What also emerges strikingly from Miéville’s account is the indispensability of democracy to Lenin’s politics, to the rest of the pre-Stalin Bolsheviks and to the revolution.  From farm to factory, from soviet to party leadership, debate was boisterous, intense, heated at times, but always meaningful and prized.  Lenin, the supposed proto-Stalinist tyrant,  copped as good as he gave when it came to verbal jousts with his comrades, and more than a few times found himself in a minority in the party, and sometimes a minority of one on the Bolshevik Central Committee.

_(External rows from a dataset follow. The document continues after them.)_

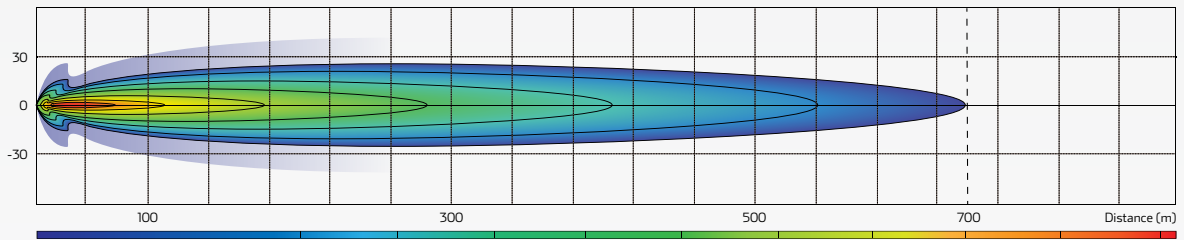

BEAM COVERAGE

TECHNICAL SPECIFICATIONS

Voltage Range	• 12 Volt
Current Draw	• 8.3 Amps @ 12 Volt
Wattage	• 100 Watt
Globe to Suit	• 12/24V H1 halogen globes
Dimensions	• 233mm H x 222mm W x 130mm D

Beam Type	• Pencil beam
Distance @ 1 Lux	• 700m
Housing Material	• Black metal housing
Glass Material	• Glass lens
Mounting Position	• Upright / pendant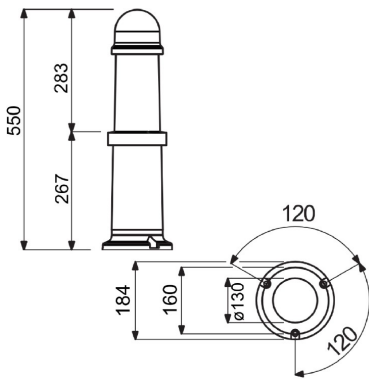

### POINT serisi

Pole style lighting apparatus for residential areas. Characterized by the shielding of the light source, it hosts LED sources. Available in two different, small sizes (h = 473 mm and 550 mm). Sober and elegant design, with a newly developed internal, transparent diffuser that conveys the light emission towards the ground, optimizing the flux and avoiding upwards light dispersion. The fixing means allow for a fast and safe maintenance.

Lamba gücü	11 W	Lamba	DR
Lamba tutucu	E27	Renk sıcaklığı	3000 K
Renk	BlueGreen	Lamba adedi	1
Akkor Tel Deneyi:	650 °C	Yalıtım sınıfı	II
IP derecesi	IP55	Direnç dayanıklı panoları	IK10
Voltaj	230 V - 50 Hz	Entegre LED'lerin etkinlik sınıfı	D + A+
Işık kirliliği	25%	Garanti	Uzatılabilir
Işık kaynağı tipi	A+		
Elektrokod	2442		

### DIMENSIONAL

### TECHNICAL SYMBOLOGY

**GWT**  
650 °C

**IP**  
IP55

**IK**  
IK10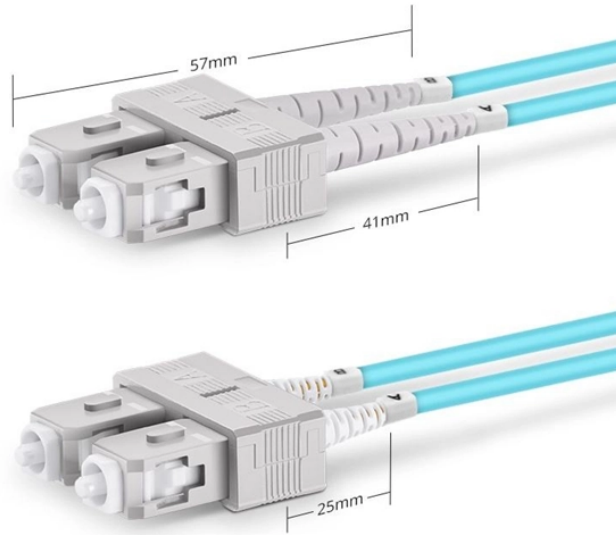

PoE switch outdoor high temperature

Duplex SC UPC

PoE switch outdoor high temperature

Here is a DC powered, unmanaged 10-port PoE+ switch that is designed to run in temperatures of -40 to +167° F (-40 to +75° C). By browsing around their pages you can find just about anything you are ...

A Ultra PoE switch is designed to operate in a variety of environmental conditions, including high-temperature environments, particularly in industrial, outdoor, or harsh indoor settings.

It fully complies with PoE++ and remains compatible with any IEEE802.3af/at compliant devices, such as IP Cameras, wireless APs, Microwave radio, IoT application and other high power PoE devices. For ...

Outdoor PoE Switch gives you a quick, easy way to deploy outdoor cameras over long distances while keeping your installation costs low. With 2 integrated SFP port, it's perfect for fiber-based installation.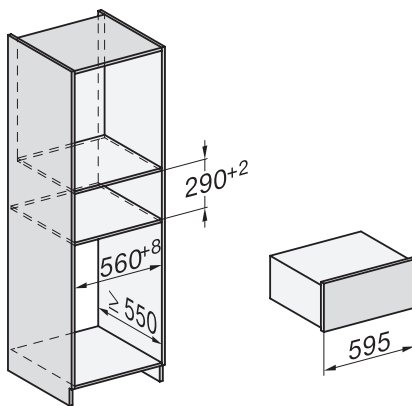

ESW 7020

29 cm high handleless Gourmet warming drawer

for preheating crockery, keeping food warm and low temperature cooking.

Installation DG, DGM, DGC XL, ESW7x20 installation drawings

side view, DG, DGM, ESW7x20 installation drawings

Installation, ESW7x20, DGM7x4x installation drawings

1) Front view, 2) Mains connection cable, L=2.000 mm, 3) Ventilation cut min. 180 cm², 4) No connection in this area

Installation DGC XXL, ESW7x20 installation drawings

ESW7020, Installation drawings, XL combination niche height

side view ESW7x20, installation drawing, GB, AU

built-in ESW7x20, installation drawing

Installation ESW7x20, installation drawing, GB, AU

1) Front view, 2) Mains connection cable, L=2.000 mm, 3) ventilation cut-out min. 180 cm², 4) no connection in this area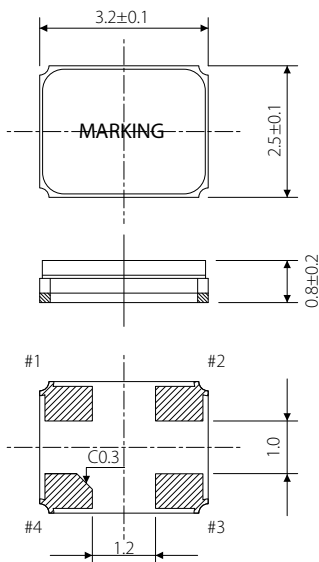

## CGX-32254

Model	CGX-32254
Nominal frequency range	10.000

Example of a Terminal Land Pattern

Maximum marking length		Marking
line1	line2	
4	4	Laser
ex.)		<div style="border: 1px solid black; padding: 5px; display: inline-block;">                 24 . 5 S G A             </div>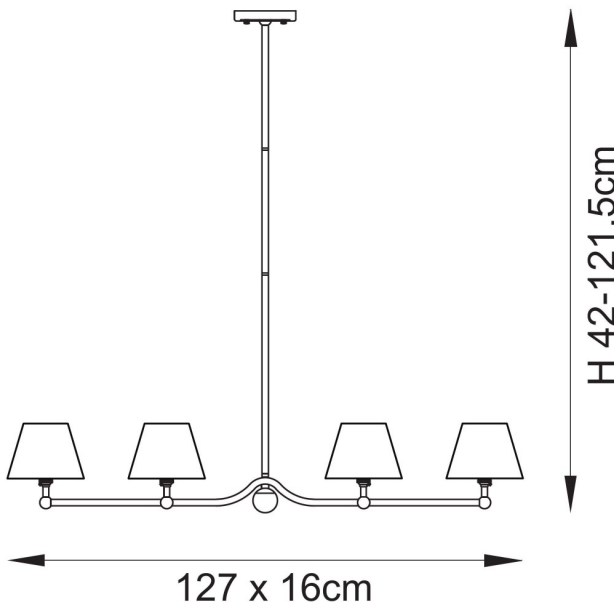

Endon Lighting - Santiago - 114993 - Aged Brass Peach 4 Light Bar Ceiling Pendant Light

REFERENCE

- SKU: FCL-30929
- Supplier SKU: 114993
- Barcode: 5016087196623

DESCRIPTION

An elegant 4 light classic pendant with multiple stem height options, finished in brushed aged brass and featuring B22 lamp holders for an authentic feel. This unique linear pendant with beautiful sphere detail is best positioned over dining tables; finished with four of our subtle peachy keen 16cm Leaf shades, helping to create a timeless look.

CATEGORY

- Brand: Endon Lighting
- Family: Santiago
- Category: Indoor Lighting / Ceiling / Bar

APPEARANCE

- Base: Brushed Aged Brass Plate
- Shade: Peachy Keen Faux Silk

DIMENSION

- Height: 420 - 1215mm
- Width: 1270mm
- Depth: 160mm
- Weight: 2.25kg

LIGHT SOURCE

- Lamp included: No
- Lamp detail: 4 x 7W Max LED B22 BC (required)
- Dimmable
- Energy class: Not applicable
- Switch: No

SPECIFICATION

- Ingress protection: IP20
- Class: Class I - Single Insulated, Earthed
- Voltage: 240V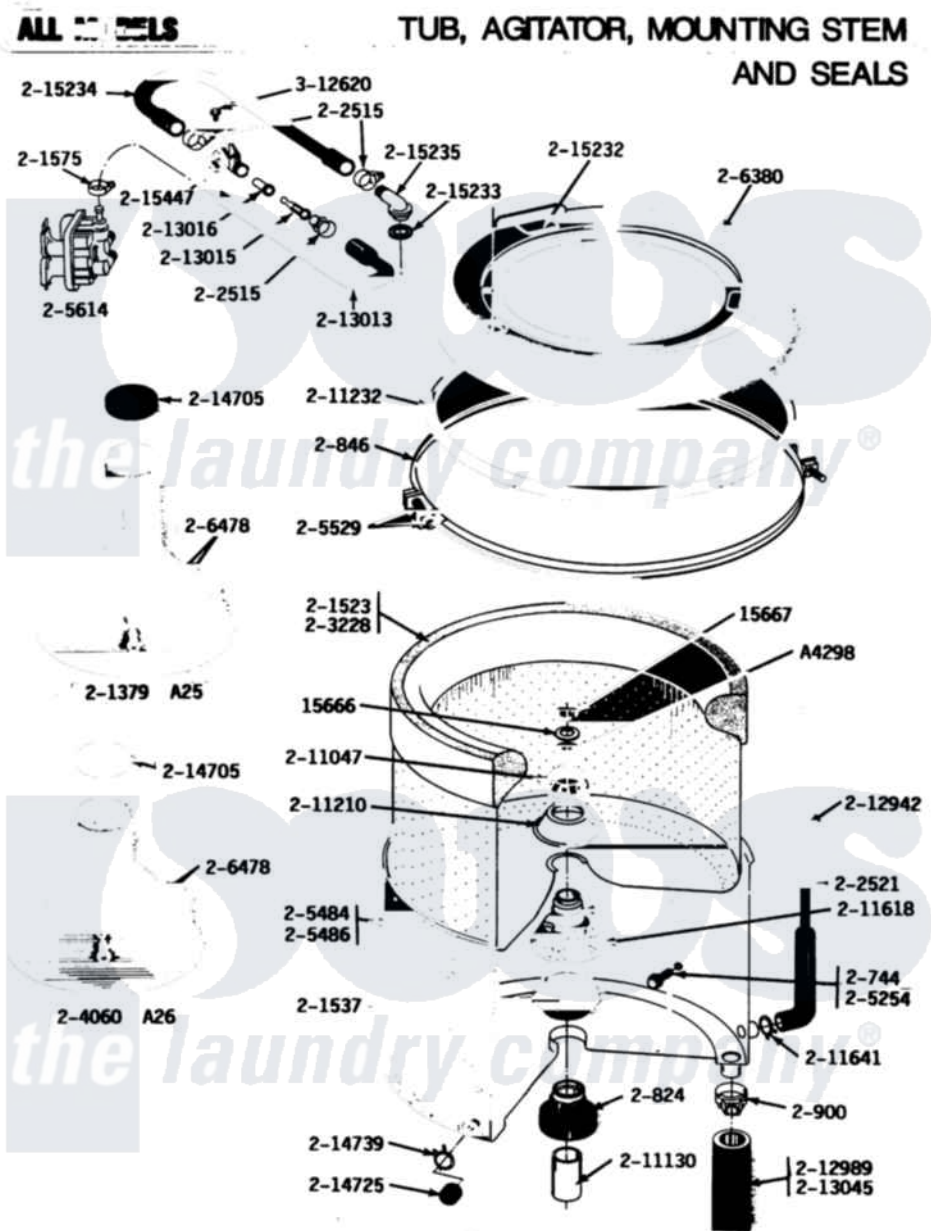

Maytag GA25CS 06 - TUB, AGITATOR, MOUNTING STEM & SEAL

Maytag [Residential Maytag GA25CS Washer Parts](#) Parts Diagram 06 - TUB, AGITATOR, MOUNTING STEM & SEAL
 Click on the part number to view part

Item	Original Part Number	Replaced By	Status	Part Description
001	Y0A4298	6-0A57420		Seal- Agitator
002	Y015666			Washer, Retaining -
003	Y015667			Retaining Ring
004	200744	W10175939		Bolt
005	200824	6-2040130		Tub Bearin
006	200846			Clamp - Tub Cover
007	200900	616099		Clamp
008	201379		Not Available	AGITATOR - BLACK
NI	NLA		Not Available	INNER TUB
010	201537	6-2095720		Mounting S
011	201575			Clamp, Hose
012	202515	596669		Clamp, Manifold
013	202521	6-2095720		Mounting S
014	203228		Not Available	TUB, INNER PART NOT USED
NI	204012	6-2095720		Mounting S
"	204013	6-2040130		Tub Bearin

017	204060		Agitator W/Cap, Screw And Washer
018	205254	W10175938	Bolt
019	205484		Tub, Outer Part Not Used
020	205486	Not Available	PART NOT USED
021	205529		Nut And Bolt Kit For Tub Clam
022	205614	205613	Water Valve
023	206380	Not Available	COVER, TUB
024	206478	Not Available	SCREW & WASHER FOR AGITATOR
NI	206683	206680	Water Injector Assembly
026	211047	6-2110472	Nut- Clamp
NI	211100		Washer, Outer Tub
028	211130		Bearing Liner, Tub Bearing
029	211210		Washer, Clamping Nut
030	211232		Seal, Tub Cover
031	211618	22001423	Set Screw, Mounting Stem
032	211641		Clamp, 1-1/16"
033	212942	22001619	Tube, Water Level Switch
034	Y212989		Hose, Outer Tub To Pump
035	213013		Hose, Injector
036	213015		Nozzle, Injector
037	213016	216201	Nozzle
038	213045		Hose, Outer Tub Part Not Used
039	214705		Cap, Capacitor
040	214725		Cap For Spout-Outer Tub
041	214739	596669	Clamp, Manifold
042	215232		Bumper, Unbalance
043	215233		Seal For Injector Tube
044	Y215234		Hose, Injector Fill
045	215235		Tube, Injector
046	215447		Sleeve For Injector
047	312620		Screw, Sems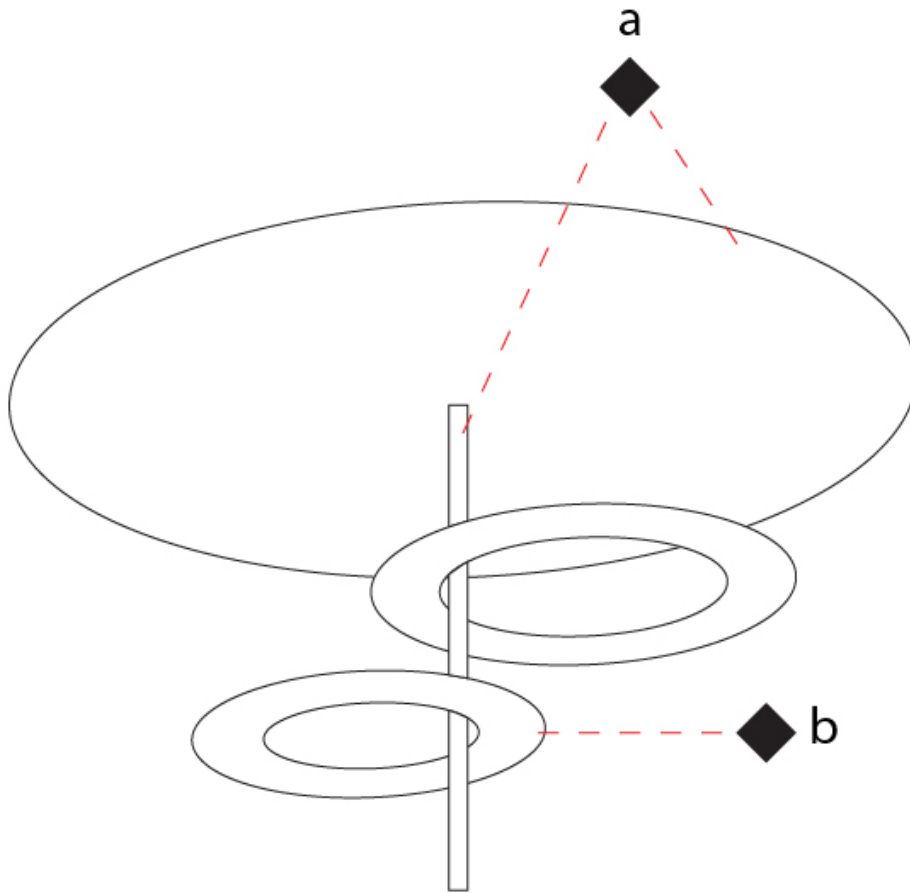

HULA HOOP SURFACE

D42081-

PROJECT	_____
TYPE	_____
SPECIFIER	_____
QUANTITY	_____
DATE	_____

D

Miéville’s book is an amalgam of the journalistic, historical and biographical accounts of the revolution by Leon Trotsky, Victor Serge, John Reed and Isaac Deutscher but Miéville loses little in artistic comparison, and cedes nothing in revolutionary tone, to these writers who are clearly his strong political and stylistic influences.
Miéville’s aim in the book was always storytelling first, however, and, more than do his literary mentors, he foregrounds the theatre of revolt over the theory of revolution.  In his Epilogue, however, he offers updated reflections on how “October is still ground zero for arguments about fundamental, radical social change”.  All that the Right has to offer on this is some repeat-loop version of the malignity of socialism and its inevitable authoritarian slide into Red Terror because Marx begat Lenin begat Stalin, etc.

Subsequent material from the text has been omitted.